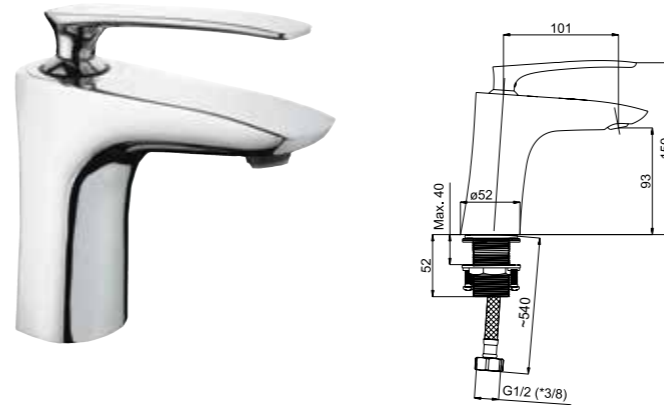

AERO-18
Washbasin faucet
1/2-540033 | 3/8-540133
Pop up - 540433
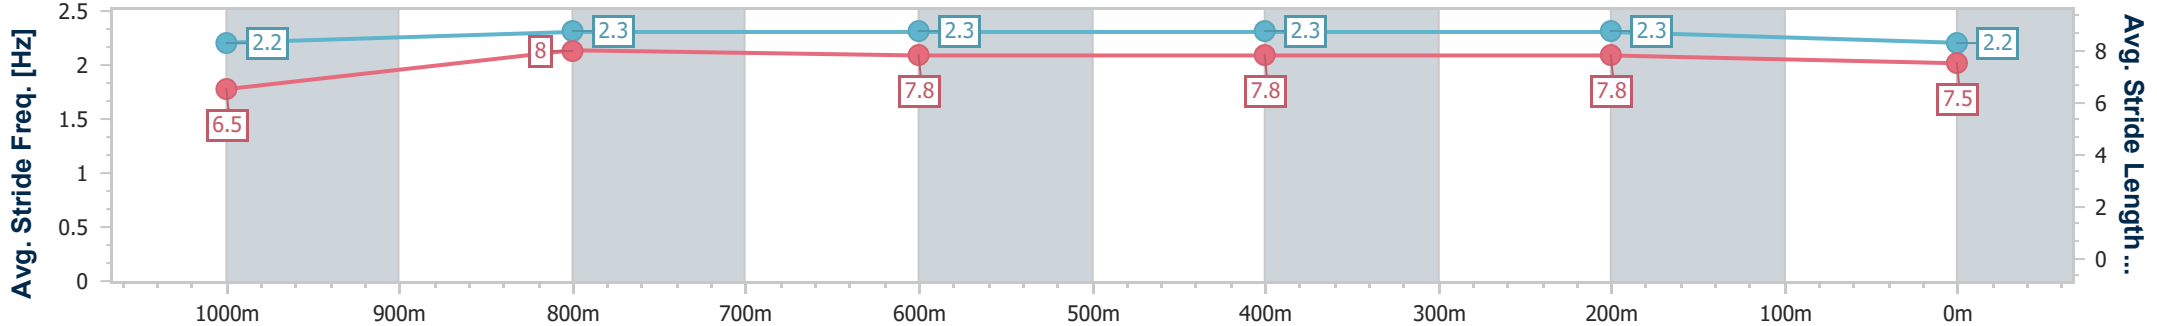

Horse/Jockey Name	Navas Two
Final Rank	6
Fastest Section Time (Section)	0:10.99 (400m)
Top Speed [km/h] (Section)	66.6 (400m)
Race State	Finished

Doomben QLD Professional
Race 10: SEASON GREETINGS FROM BRC Class 6 Handicap - 1200m
30 December 2023 - 17:53
Track Rating: Soft 6, Weather: Overcast, Rail Position: +3m Entire

BRISBANE
RACING CLUB

Section	Overall	1000m	800m	600m	400m	200m
Section Times	1:10.53 [6] (0:13.91)	0:56.62 [11] (0:11.04)	0:45.58 [12] (0:11.28)	0:34.30 [12] (0:11.18)	0:23.12 [11] (0:10.99)	0:12.13 [9] (0:12.13)
Average Speed [km/h]	51.8	65.4	63.9	64.3	65.3	59.4
Top Speed [km/h]	65.0	66.0	64.7	65.0	66.6	63.1
Avg. Dist. to Rail [m]	1.0	0.6	0.3	0.5	1.4	1.6
Avg. Stride Freq. [Hz]	2.2	2.3	2.3	2.3	2.3	2.2
Avg. Stride Length [m]	6.5	8.0	7.8	7.8	7.8	7.5

- [ ] Ranking at each section and finish
- -.-.- No data available at this section
- NA No data available
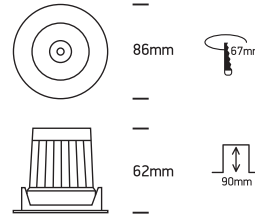

INSTALLATION MANUAL

11109KD

ecolight

230V | 9,2W | IP20 | Aluminium | Adjustable

Complete with LED dimmable driver

PRODUCT DESCRIPTION

LED ceiling light integrates compact housing design and outstanding optical performance. It has COB as light source, high power efficiency, up to 90% energy saving compared to traditional Halogen lamp. No UV and Cool Beam (no IR). Complies with CE and RoHS standard.

> _Instructions for the task_
Using the records above, output an exact copy without any pictures.

> _Task solution_
AERO-18
Washbasin faucet
1/2-540033 | 3/8-540133
Pop up - 540433

Horse/Jockey Name	Navas Two
Final Rank	6
Fastest Section Time (Section)	0:10.99 (400m)
Top Speed [km/h] (Section)	66.6 (400m)
Race State	Finished

Doomben QLD Professional
Race 10: SEASON GREETINGS FROM BRC Class 6 Handicap - 1200m
30 December 2023 - 17:53
Track Rating: Soft 6, Weather: Overcast, Rail Position: +3m Entire

BRISBANE
RACING CLUB

Section	Overall	1000m	800m	600m	400m	200m
Section Times	1:10.53 [6] (0:13.91)	0:56.62 [11] (0:11.04)	0:45.58 [12] (0:11.28)	0:34.30 [12] (0:11.18)	0:23.12 [11] (0:10.99)	0:12.13 [9] (0:12.13)
Average Speed [km/h]	51.8	65.4	63.9	64.3	65.3	59.4
Top Speed [km/h]	65.0	66.0	64.7	65.0	66.6	63.1
Avg. Dist. to Rail [m]	1.0	0.6	0.3	0.5	1.4	1.6
Avg. Stride Freq. [Hz]	2.2	2.3	2.3	2.3	2.3	2.2
Avg. Stride Length [m]	6.5	8.0	7.8	7.8	7.8	7.5

- [ ] Ranking at each section and finish
- -.-.- No data available at this section
- NA No data available

INSTALLATION MANUAL

11109KD

ecolight

230V | 9,2W | IP20 | Aluminium | Adjustable

Complete with LED dimmable driver

PRODUCT DESCRIPTION

LED ceiling light integrates compact housing design and outstanding optical performance. It has COB as light source, high power efficiency, up to 90% energy saving compared to traditional Halogen lamp. No UV and Cool Beam (no IR). Complies with CE and RoHS standard.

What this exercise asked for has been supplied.